I suggest heated. I feel they do better in normal tank range water temps 72-78degrees.

Water movement is a plus. The nice thing abut using a filter is if you need to use that tank to house fish you are always ready. I keep shrimp & snails in my grow out tanks.


----------



## greenfish (Jul 7, 2004)

Thanks!


----------



## mountaindew (Dec 10, 2008)

One thing I enjoy about my farm tanks is unlimited c02.
I even cover the tops of the tanks to hold in as much as possible.
As others have said you need to keep rich water column and good light
As for photo period I have nothing but problems with with more then 11 hours of light per day. I use high end, high quality, high output t5 lights with good reflectors and this also makes a huge difference.
mD


----------



## greenfish (Jul 7, 2004)

Thanks MD


----------



## Patriot (Dec 22, 2010)

I used high ferts and CO2 in my tank grow out tank with longer light periods. 
http://www.plantedtank.net/forums/t...6-hygrophila-siamensis-grow-tank-retired.html


----------



## Fish Ed (Oct 25, 2011)

Can anyone tell me what grow out tank means?


----------



## greenfish (Jul 7, 2004)

Fish Ed said:


> Can anyone tell me what grow out tank means?
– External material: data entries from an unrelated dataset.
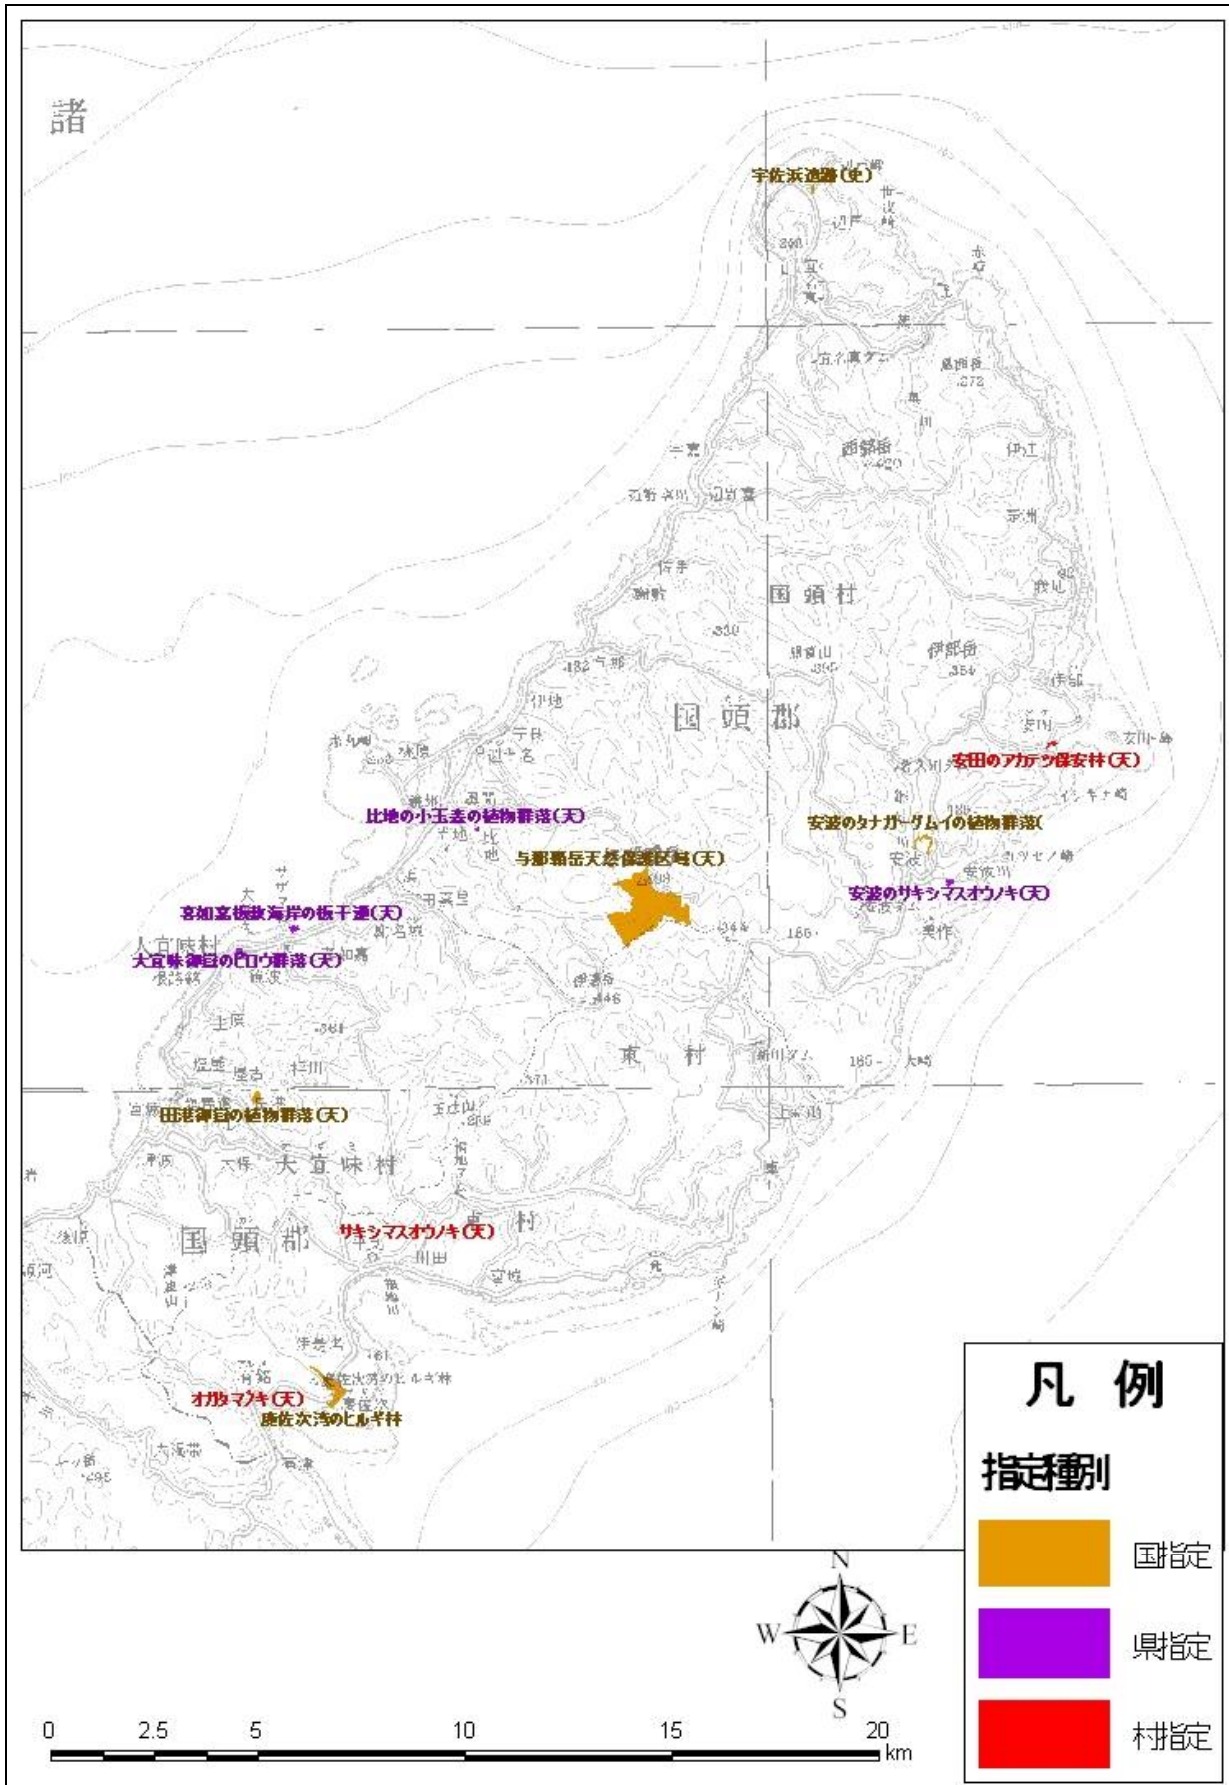

現在指定されている保護地域等

- ・ 沖縄海岸国定公園規制計画図
- ・ 鳥獣保護区特別保護地区
- ・ 文化財位置図
- ・ 北部訓練場位置図

沖縄海岸国定公園規制計画図

鳥獣保護区特別保護地区

文化財位置図

北部訓練場位置図

Basically a tank where the only intention is to grow plants quickly in it. No scraping. No livestock most of the time. For me, I need mosses for my shrimp tanks that I want to grow quickly as I am adding more tanks. I also want to grow some Stauro for selling and the like. In a grow out tank you can crank the Co2 without worrying about killing your fish cause there are none. Basically a tank farm.


----------



## Fish Ed (Oct 25, 2011)

Thanks. My question is gonna be quite stupid but, can a grow out tank be a 10 gallon or any size?


----------



## greenfish (Jul 7, 2004)

Fish Ed said:


> Thanks. My question is gonna be quite stupid but, can a grow out tank be a 10 gallon or any size?
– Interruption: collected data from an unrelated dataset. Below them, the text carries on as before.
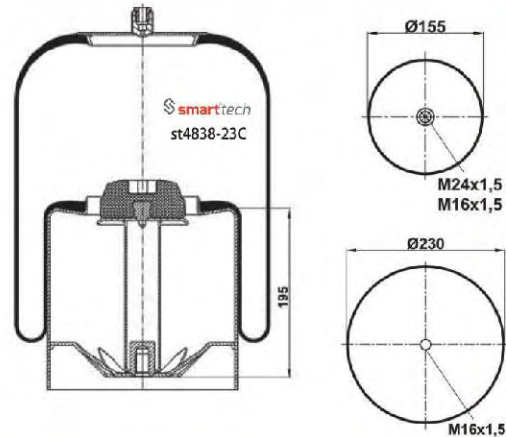

Complete

CROSS REFERENCES	OEM REFERENCES
CONTITECH : 4838 N P23	MERCEDES BENZ : A 942 320 35 21

Order No: 62203521

st4838-23C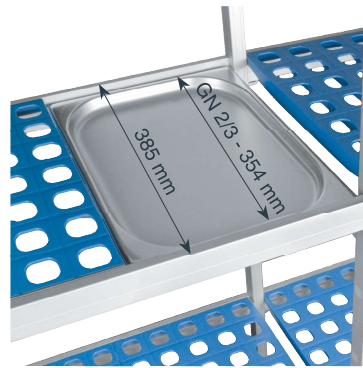

Estanterías

Fondo · Width: 560 mm
Altura · Height: 2.000 mm

Estantería completa
Rayonnage complet
Volle Regale
Full shelving
Estantes completa

SIMPLE	3 Estantes · Shelf			4 Estantes · Shelf			5 Estantes · Shelf		
	Ref	€	L (mm)	Ref	€	L (mm)	Ref	€	L (mm)
	55958	207,90	682	55967	249,40	682	55976	290,50	682
	55959	213,40	794	55968	256,80	794	55977	299,70	794
	55960	224,80	904	55969	271,90	904	55978	318,30	904
	55961	251,40	1009	55970	307,50	1009	55979	363,50	1009
	55962	262,90	1119	55971	322,70	1119	55980	382,50	1119
	55963	274,00	1229	55972	337,50	1229	55981	401,10	1229
	55964	285,10	1339	55973	352,40	1339	55982	419,60	1339
	55965	307,70	1444	55974	382,40	1444	55983	457,20	1444
	55966	318,80	1554	55975	397,30	1554	55984	475,80	1554

Desglose estanterías · Étagères de dépannage · Aufgliederung Regale · Breakdown shelves · Prateleiras de degradação

Fondo · Width: 560 mm
Altura · Height: 2.000 mm

Desglose de estanterías
Étagères de dépannage
Pannen Regale
Shelving breakdown
Prateleiras de degradação

SIMPLE	3 Estantes · Shelf			4 Estantes · Shelf			5 Estantes · Shelf		
	Ref	L (mm)	Desglose · Breakdown	Ref	L (mm)	Desglose · Breakdown	Ref	L (mm)	Desglose · Breakdown
	55958	682	57320 x 1 + 57007 x 3	55967	682	57320 x 1 + 57007 x 4	55976	682	57320 x 1 + 57007 x 5
	55959	794	57320 x 1 + 57008 x 3	55968	794	57320 x 1 + 57008 x 4	55977	794	57320 x 1 + 57008 x 5
	55960	904	57320 x 1 + 57009 x 3	55969	904	57320 x 1 + 57009 x 4	55978	904	57320 x 1 + 57009 x 5
	55961	1009	57320 x 1 + 57010 x 3	55970	1009	57320 x 1 + 57010 x 4	55979	1009	57320 x 1 + 57010 x 5
	55962	1119	57320 x 1 + 57011 x 3	55971	1119	57320 x 1 + 57011 x 4	55980	1119	57320 x 1 + 57011 x 5
	55963	1229	57320 x 1 + 57012 x 3	55972	1229	57320 x 1 + 57012 x 4	55981	1229	57320 x 1 + 57012 x 5
	55964	1339	573207 x 1 + 57013 x 3	55973	1339	57320 x 1 + 57013 x 4	55982	1339	57320 x 1 + 57013 x 5
	55965	1444	57320 x 1 + 57014 x 3	55974	1472	57320 x 1 + 57014 x 4	55983	1472	57320 x 1 + 57014 x 5
	55966	1554	57320 x 1 + 57015 x 3	55975	1554	57320 x 1 + 57015 x 4	55984	1554	57320 x 1 + 57015 x 5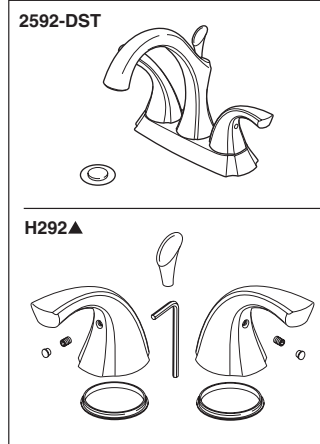

Tapas Decorativas para las Líneas de Suministro (metal)
Cantidad 2, 30" de largo
Disponible como orden accesorio (No incluido)

Tubes décoratifs sur le tuyau d'arrivée d'eau (métal)
Quantité 2, 30 po de longueur
Livrible séparément seulement (non inclus)

RP72131▲

Decorative Supply Line Covers (PVC)
Quantity 2, 30" Long
Available as Accessory Order (Not Included)

Tapas Decorativas para las Líneas de Suministro (PVC)
Cantidad 2, 30" de largo
Disponible como orden de accesorio (No incluido)

Tubes décoratifs sur le tuyau d'arrivée d'eau (PVC)
Quantité 2, 30 po de longueur
Livrible séparément seulement (non inclus)

▲Specify Finish
Especifique el Acabado
Précisez le Fini

RP26533▲

Metal Pop-Up Assembly Less Lift Rod
 Ensemble de Metal del Desagüe Automático Sin la Barra de Alzar
 Renvoi Mécanique en Métal Sans la Tige de Manoeuvre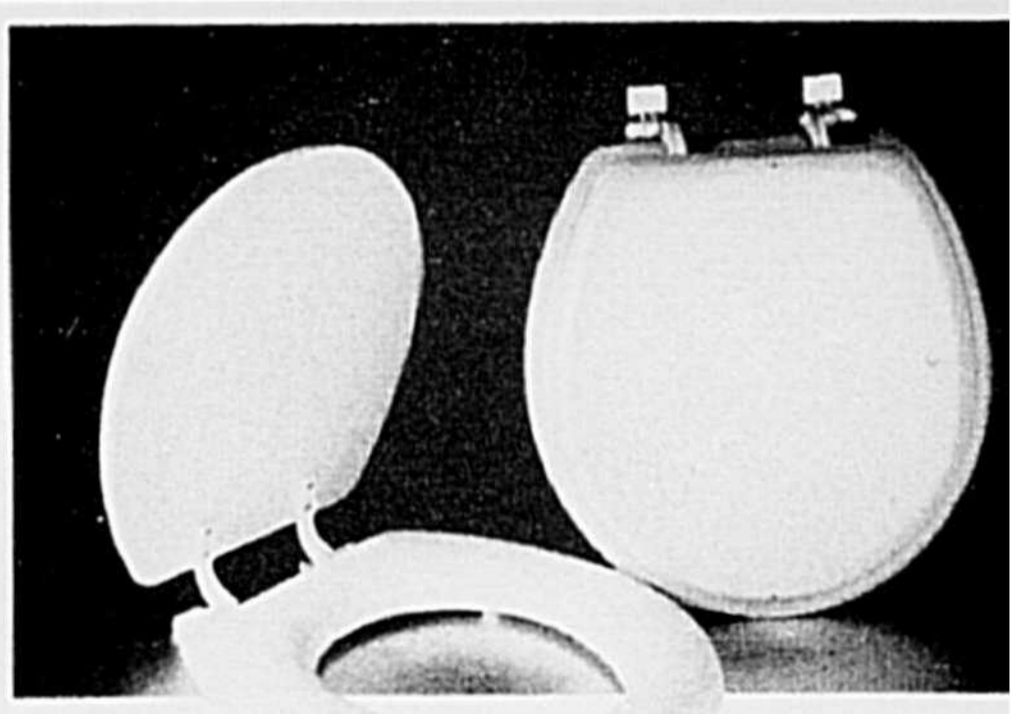

Les bas prix sont la règle!

Solamari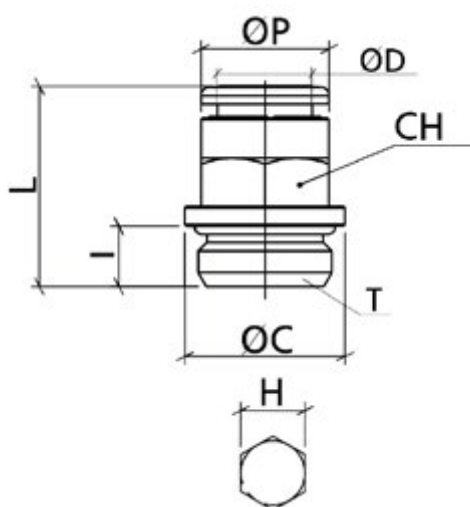

Varenummer: 589OTRC12G02  
Beskrivelse: Metal Push-in fitting, lige, Ø12/G1/4", m. o-ring  
Type: OTRC12G02, forniklet messing

## Mål

A = 6.5  
CH = 19  
H = 6  
L = 30  
T = G1/4"  
Vægt = 28  
ØC = 16  
ØD = 12

ØP = 19

As long as you can meet the requirements for the plant it can be any size or thing. Doesn't really need to be a fish tank for that matter. The one I am starting up for moss is probably only a few gallons.


----------



## Patriot (Dec 22, 2010)

My grow out tank was 6.6 gallons


----------



## Fish Ed (Oct 25, 2011)

Oh sweet! I'll try to start a 10 gallon plant grow out.


----------



## exv152 (Jun 8, 2009)

I have a 20g growout, pumping large amounts of CO2 & ferts. When I'm ready to setup a new display tank I purchase plants as I go, because finding what you want when you need it isn't always doable.


----------